The living, the living, he shall praise thee, as I do this day:

The father to the children shall make known thy truth.

Jehovah is ready to save me.

Therefore we will sing my songs with stringed instruments

All the days of our life in the house of Jehovah."

The theme here is rejoicing over the recovery which came from the special blessing of the Lord. The language used in portions of this little hymn suggests that it was used in the temple services, or at least, that Hezekiah might have composed it with such a usage in view.

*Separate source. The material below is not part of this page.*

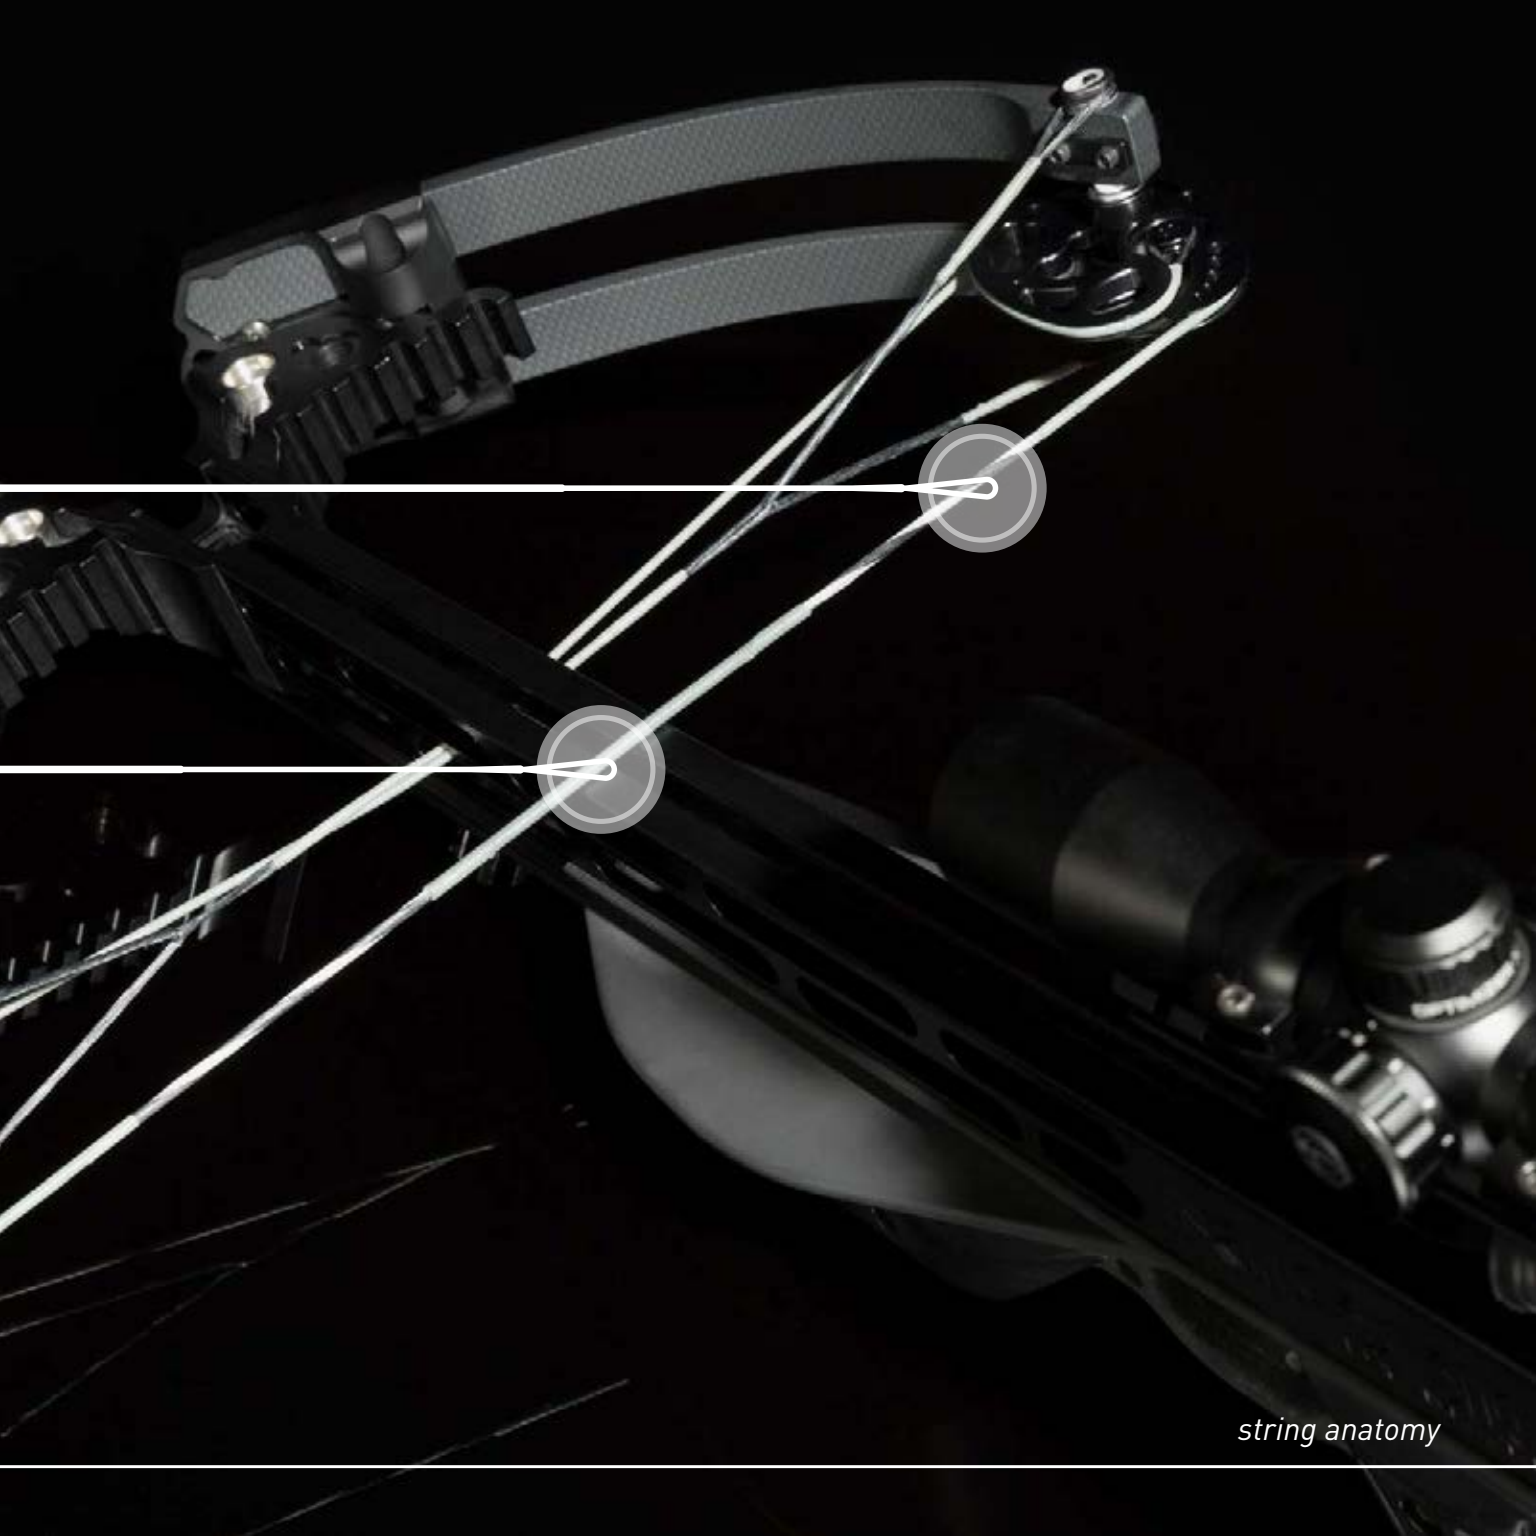

string anatomy

The final two verses here have the same information that appears in the narrative in 2Kings, only there, it appears in a different sequence. We have already noted that Isaiah's probable reason for this different arrangement was that of avoiding an interruption of the message of God. We like Douglas' comment on this. he wrote:

"Ingenious scholars, whose aim is to present us with the text as they think Isaiah should have written it, are pretty well agreed that there is a dislocation here, and that these last two verses ought to have come earlier, perhaps between Isaiah 38:6-7; and they compare the order in the book of Kings."[17]

It has been almost a century since Douglas wrote this; but he here pointed squarely to the great passion of countless critical commentators of our own times, whose comments are much preoccupied with telling us what they believe the prophet thought, or what he meant. We care absolutely nothing for any of that kind of "guessing" on the part of men who have absolutely nothing on earth to go by except their own imaginations. The text is what God has given us; if we learn anything at all from the Bible, it must be found in the text, not in the imaginations of men who, at their very best are ignorant, and who at the worst are servants of Satan himself.

There is no reason whatever for denying that Isaiah wrote both accounts, the one in 2Kings, and the one here. Why should Isaiah have consulted any other person, or writing, except himself and his own notes on what happened. Was he not the one who prescribed the poultice of figs?